** Given data follows **

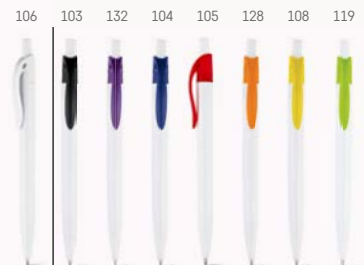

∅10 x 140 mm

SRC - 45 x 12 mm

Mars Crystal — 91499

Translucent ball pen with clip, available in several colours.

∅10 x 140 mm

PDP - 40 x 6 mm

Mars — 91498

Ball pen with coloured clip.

** End of Given data **

Task instructions: The records above must be printed exactly; the pictures stay out.

Response:
∅10 x 140 mm

SRC - 45 x 12 mm

Mars Crystal — 91499

Translucent ball pen with clip, available in several colours.

∅10 x 140 mm

PDP - 40 x 6 mm

Mars — 91498

Ball pen with coloured clip.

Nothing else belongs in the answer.